While the Veteran’s Food Bank started out as a storage closet, today it’s grown exponentially, encompassing four warehouses and legions of volunteers, helping 10,000 veterans every year.
Hughes is proud that the Canadian Legacy Project is 100% volunteer managed and has extraordinarily little overhead, so 96% of all money that comes in goes directly to help veterans.
The Canadian Legacy Project has also expanded its focus over the years, and now also provides Post Traumatic Stress Disorder services, which includes matching a veteran who’s withdrawn from society with a service dog.
“It changes their life,” says Howard adamantly. “They now go from bunkering in the basement where they are not leaving or associating or talking to anyone for over a year, and the house is a mess, they are hoarding and there is alcoholism. Within a week or two of getting a service dog they are leaving, integrating back into society. They are getting jobs, they are quitting alcohol and quitting drugs. This dog is giving them a whole new lease on life and they feel confident they can go anywhere.”

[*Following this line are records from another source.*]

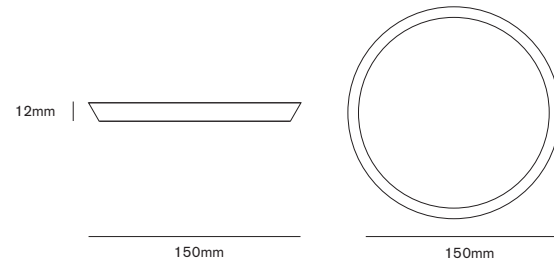

**PRODUCT**  
**RITUAL COIN TRAY**

**COLLECTION 2020**  
**SPECIFICATION BOOKLET**

**PRODUCT**  
**RITUAL COIN TRAY**

**PRODUCT INFORMATION**

**OPTIONS**

**CODE**

**DIMENSIONS (MM)**  
W150 x H12 x D150

**WEIGHT (KG)**  
0.2 (approx)

The Canadian Legacy Project is also the organization responsible for the annual Field of Crosses event on Memorial Drive ahead of Remembrance Day. Sunrise ceremonies honour individual veterans and their families, but also give the public a chance to pay respects.
Howard is thankful Co-op customers are stepping up again to help veterans.
“We have the freedom of free speech, the freedom to move about, we have the freedom to be an entrepreneur, to make as much money as we decide we are going to do, we have the freedom to work hard because of these men and women who had put their lives on the line. I would simply ask Co-op customers to support those who stood up for us and made sure that we are living a beautiful life in Calgary.”